ADM called the CCLD desk duty line on 04/02/21 and reported alleged elder abuse wherein a female resident (R1) reported staff (S1) hit her on the left shoulder on 3/21/2021 while providing care in her living room inside her apartment. Another staff (S2) checked on R1 on 4/01/21 and did not observe any mark or bruise on R1.

At 9:15AM, LPA, along with ADM, conducted a tele-visit with R1 inside her apartment. LPA observed R1 was comfortably resting in her bed. LPA asked R1 if she was OK and she said "Yes". LPA observed no marks or bruises on R1. ADM told LPA that S1 who allegedly hit R1 was placed on administrative leave pending an internal investigation. ADM will advise CCL of the outcome of the investigation once complete.

No deficiencies were observed during this tele-visit.

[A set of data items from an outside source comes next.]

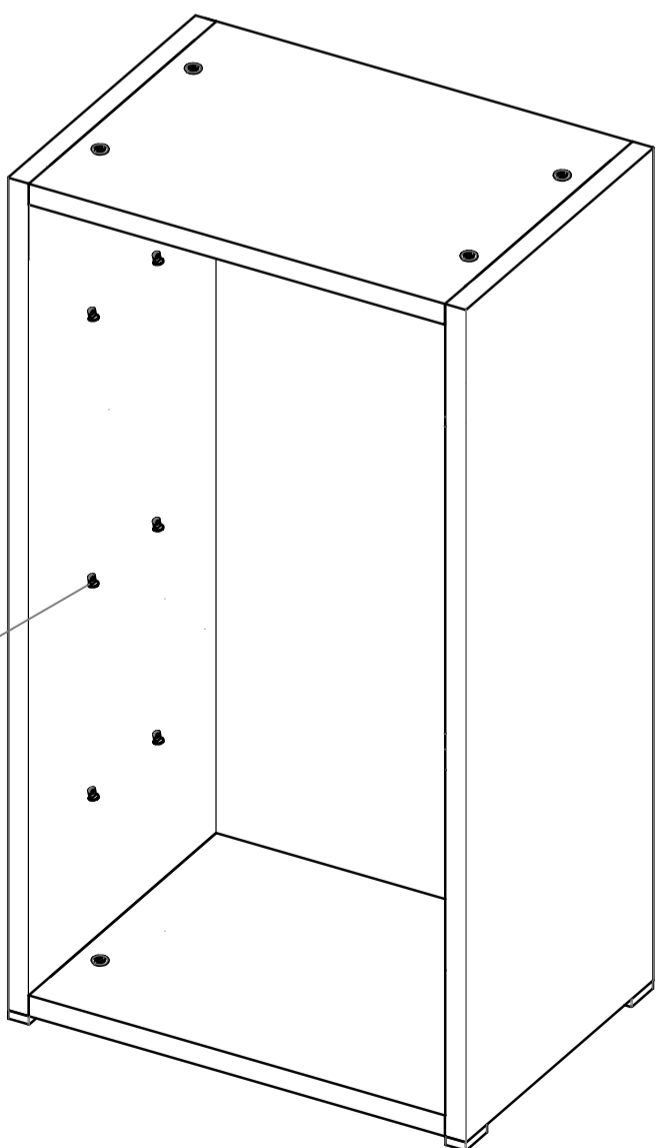

Lait

Lighted Lait shelves assembling instruction

Profiles of Lait Shelves Height 25 mm:

Profiles of Lait Shelves height 30 mm:

Profiles of Lait Shelves height 35 mm:

Connecting Joint for Shelves height 25 / 30 mm

Connecting Joint for Shelves height 35 mm

Lighted Lait shelves assembling instruction

Wardrobe Front View

Wardrobe Back View

Wardrobe Back View

Wardrobe Back View

Wardrobe Back View

Wardrobe Back View

Wardrobe Back View

Wardrobe Front View

Maori Shelf support

Wardrobe Front View

Lighted Lait shelves with Led assembling instruction

Wardrobe Back View

Wardrobe Back View

Wardrobe Back View

Wardrobe Front View

Wardrobe Front View

Lait shelves Technical data to calculate glass/wood dimension

Led in front position

Led in front & back position

No Led

$$L_R = L_{vano} - 0.$$

$$L_{Led} = L_R - 1.968'' (50mm)$$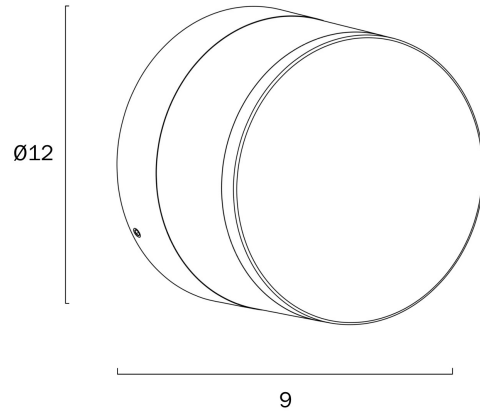

NORAL EXTERIOR LED WALL LIGHT

Note: Dimensions are only a guide and may vary due to manufacturing variations.

LIGHT SOURCE

Voltage Input

240V

Total Wattage (max)

10

Globe Type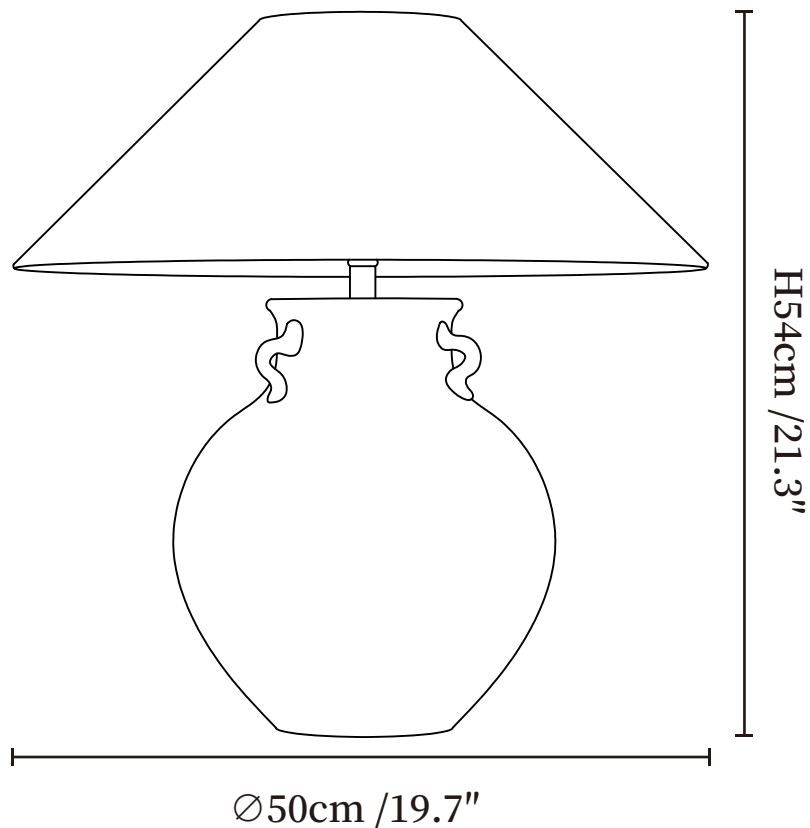

SPECIFICATION SHEET

SPECIFICATION DETAILS

*For custom options, consult factory for details

Fixture Dimensions	Ø 19.7" x H 21.3"
Light source	E26 or E27 (bulb not included)
Wattage	MAX 40W incandescent bulb or LED equivalent.
Voltage	AC 110-240V
Dimming	Compatible with dimmable bulbs (bulb not included)
Control method	In line ON / OFF switch.
Finishes	Terracotta color.
Shade Details	Beige.
Material	Metal, Fabric, Ceramics.
Cord Length	Supplied with switched plug cord, length ~59" (150cm).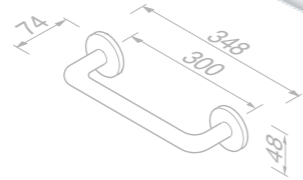

Grab rail 30 cm

916574-02

£53.22 Exc. VAT
£63.86 Inc. VAT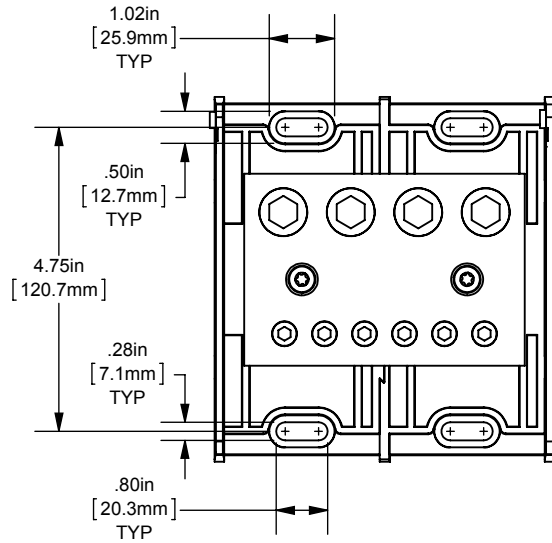

REV.	DATE	ECO	DESCRIPTION	BY	CK	APP
-	9/18/2013	N/A	INITIAL RELEASE	GDR	N/A	N/A

DIMENSIONS IN [ ] ARE MILLIMETERS

MERSEN USA NEWBURYPORT-MA, LLC
374 MERRIMAC STREET
NEWBURYPORT, MA 01950

MPDB900121

PDB ALUMINUM LARGE DOUBLE-WIDE

(4) 500-4 X (6) 2/0-12

OUTLINE DIMENSIONS
NOT TO BE USED FOR PRODUCTION

702014

PRODUCT MANAGER

SIGN:

DATE:

DESIGN ENGINEER

SIGN:

DATE: (SEE ECO)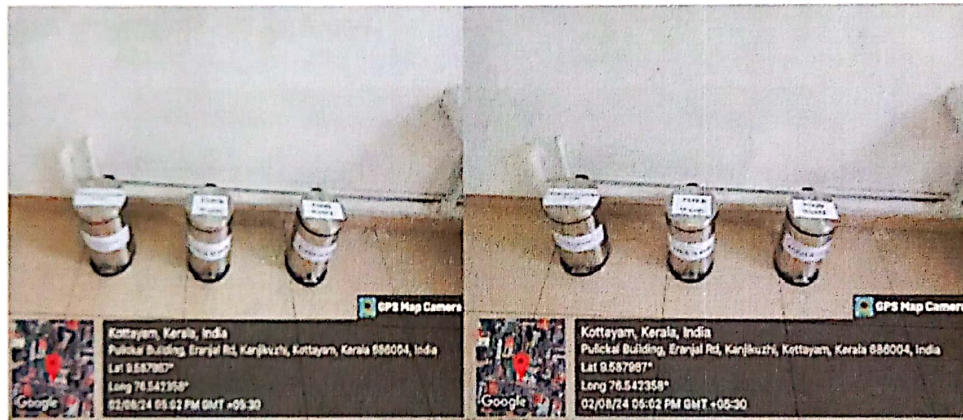

Geo-tagged photographs

Prof. (Dr.) Suma Joseph
Principal
Mount Carmel College of Teacher
Education for Women
Kottayam- 686 004

GEO-TAGGED PHOTOGRAPHS SHOWING INSTITUTIONAL WASTE MANAGEMENT PRACTICES

- **SEGREGATION OF WASTE-** Separate waste bins for food, paper and non-biodegradable wastes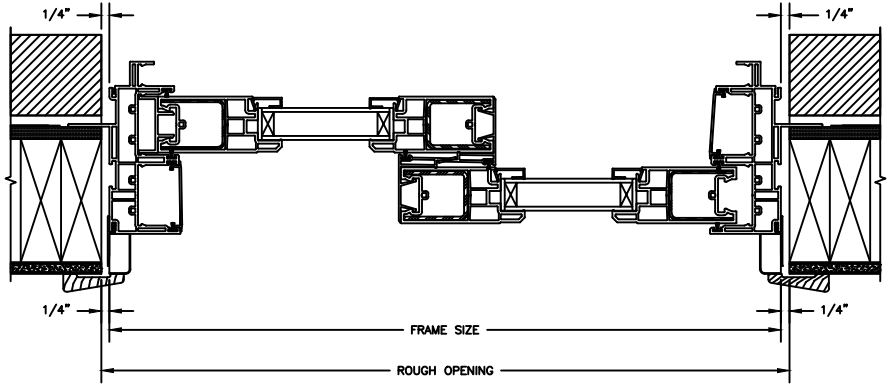

NOTE :
THE ABOVE WALL SECTIONS REPRESENT TYPICAL WALL CONDITIONS, THESE DETAILS ARE NOT INTENDED AS INSTALLATIONS INSTRUCTIONS. PLEASE REFER TO THE INSTALLATION INSTRUCTIONS PROVIDED WITH THE PURCHASED UNITS.

Next Dimension Series

FRENCH PATIO DOOR

SECTION DETAILS : CONSTRUCTION

SCALE: 2" = 1'-0"

HEAD JAMB & SILL
2 X 6 FRAME WITH BRICK
VENEER

JAMBS
2 X 6 FRAME WITH BRICK
VENEER

HEAD JAMB & SILL
8" CONCRETE BLOCK WALL
WITH BRICK VENEER

JAMBS
8" CONCRETE BLOCK WALL
WITH BRICK VENEER

NOTE:
THE ABOVE WALL SECTIONS REPRESENT TYPICAL WALL CONDITIONS, THESE DETAILS ARE NOT INTENDED AS INSTALLATIONS INSTRUCTIONS. PLEASE REFER TO THE INSTALLATION INSTRUCTIONS PROVIDED WITH THE PURCHASED UNITS.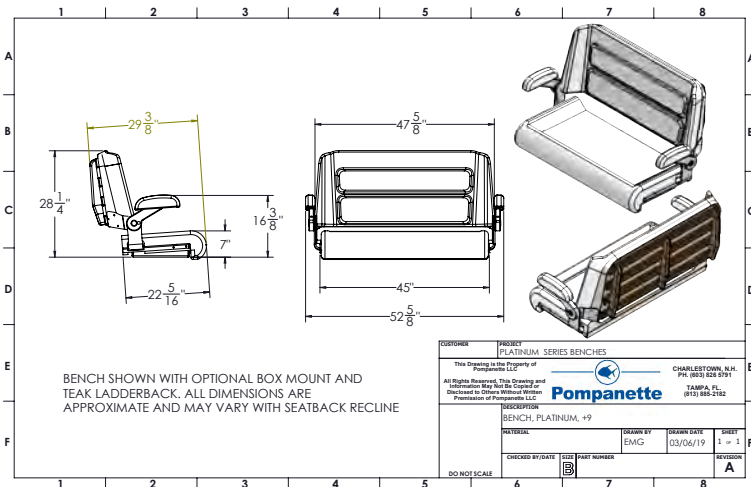

- Available In Single Helm or 2-3 Person Bench

MARINE GRADE UPHOLSTERY

- Indoor/Outdoor White Vinyl Comes Standard

100% CUSTOMIZABLE

- Custom Upholstery, Teak Package & More

EXPLORE ONLINE:

Pompanette.com

Pompanette
 DEFINING EXCELLENCE SINCE 1947

Exit interview conducted and a copy of this report provided via email.
SUPERVISOR'S NAME: Rajind BasiTELEPHONE: (510) 286-4201
LICENSING EVALUATOR NAME: Daisy PanlilioTELEPHONE: (510) 286-4201
LICENSING EVALUATOR SIGNATURE:

DATE: 04/05/2021
I acknowledge receipt of this form and understand my licensing appeal rights as explained and received.
FACILITY REPRESENTATIVE SIGNATURE:

DATE: 04/05/2021
This report must be available at Child Care and Group Home facilities for public review for 3 years.